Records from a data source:
------------------------------

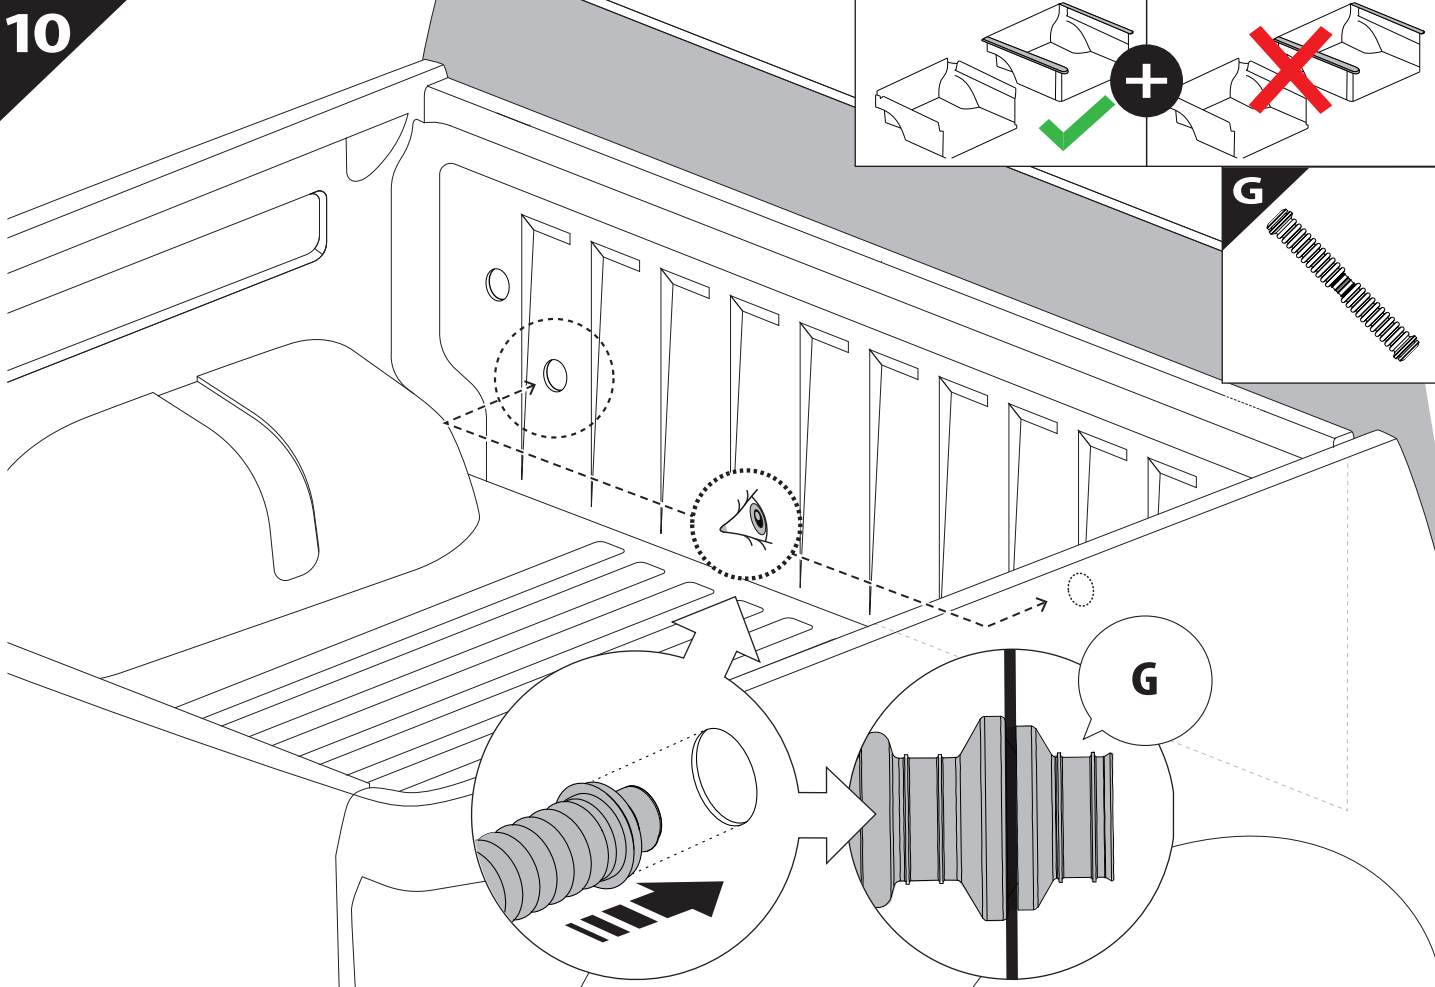

11 Only to be installed by authorized personnel
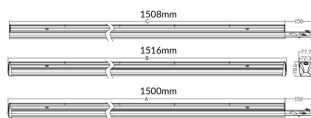

MARKETLINE LUMINAIRES

Lavov Industrial fixture from the family MARKETLINE with a selectable power of 55, 60, 65, 70W and a Wide 25 degrees beam angle with a real lumen output of 880, 9600, 10400, 11200lm and an efficiency of 160 lm/W made in ALUMINUM and finished in Black colour.

Pictograms

Scheme

Photometry

Product

| | |
|-----------------------------------|--------------------------------|
| Real power (W) | 55 |
| Real luminous flux (Lm) | 880, 9600, 10400, 11200 |
| Luminous efficiency (Lm/W) | 160 |
| Beam angle (°) | Wide 25 |
| Life time (h) | 50000h L80B10 |
| IP | 20 |
| Colour | Black |
| Control gear | DALI |
| Colour temperature (K) | 4000 |
| Colour consistency (SDCM) | SDCM<3 |
| CRI | 80 |
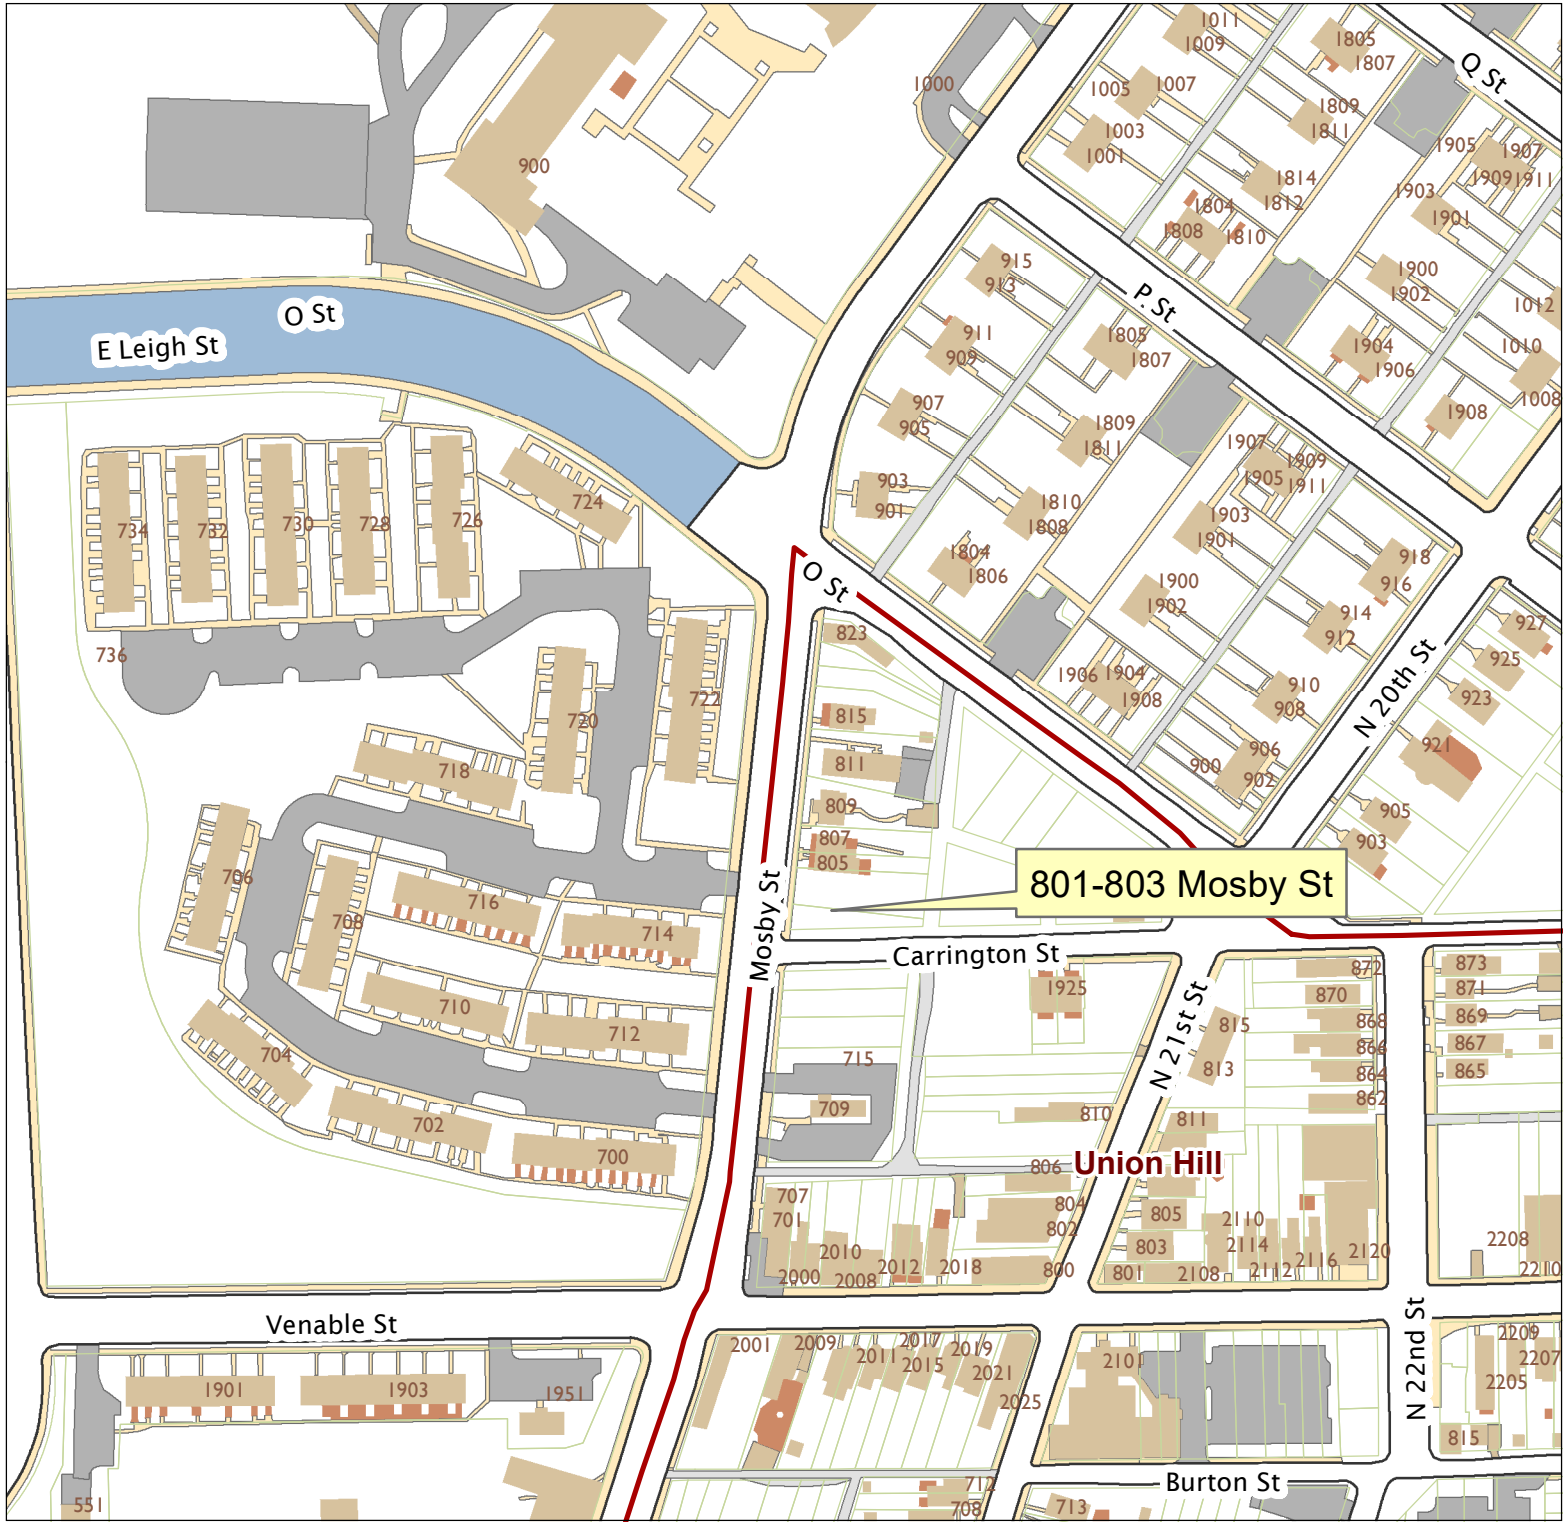

801-803 Mosby Street

City of Richmond, VA

Geographic Information Systems

Location Reference

Map printed by jeffricr on 2019.04.30.

Document Path: \\Dit-file02-pv\commdev\$\PDR\Planning & Preservation\CAR\Meetings\00 Current Meeting\Base Maps\Tools\Base Map - COPY.mxd

Disclaimer:
The City of Richmond assumes no liability either for any errors, omissions, or inaccuracies in the information provided regardless of the cause of such or for any decision made, action taken, or action not taken by the user in reliance upon any maps or information provided herein.

------------------------------

■ Problem ■
All the lines above are to be given again exactly as they read, with the pictures removed.

■ Reply to the task ■
11 Only to be installed by authorized personnel

MARKETLINE LUMINAIRES

Lavov Industrial fixture from the family MARKETLINE with a selectable power of 55, 60, 65, 70W and a Wide 25 degrees beam angle with a real lumen output of 880, 9600, 10400, 11200lm and an efficiency of 160 lm/W made in ALUMINUM and finished in Black colour.

Pictograms

Scheme

Photometry

Product

| | |
|-----------------------------------|--------------------------------|
| Real power (W) | 55 |
| Real luminous flux (Lm) | 880, 9600, 10400, 11200 |
| Luminous efficiency (Lm/W) | 160 |
| Beam angle (°) | Wide 25 |
| Life time (h) | 50000h L80B10 |
| IP | 20 |
| Colour | Black |
| Control gear | DALI |
| Colour temperature (K) | 4000 |
| Colour consistency (SDCM) | SDCM<3 |
| CRI | 80 |

801-803 Mosby Street

City of Richmond, VA

Geographic Information Systems

Location Reference

Map printed by jeffricr on 2019.04.30.

Document Path: \\Dit-file02-pv\commdev\$\PDR\Planning & Preservation\CAR\Meetings\00 Current Meeting\Base Maps\Tools\Base Map - COPY.mxd

Disclaimer:
The City of Richmond assumes no liability either for any errors, omissions, or inaccuracies in the information provided regardless of the cause of such or for any decision made, action taken, or action not taken by the user in reliance upon any maps or information provided herein.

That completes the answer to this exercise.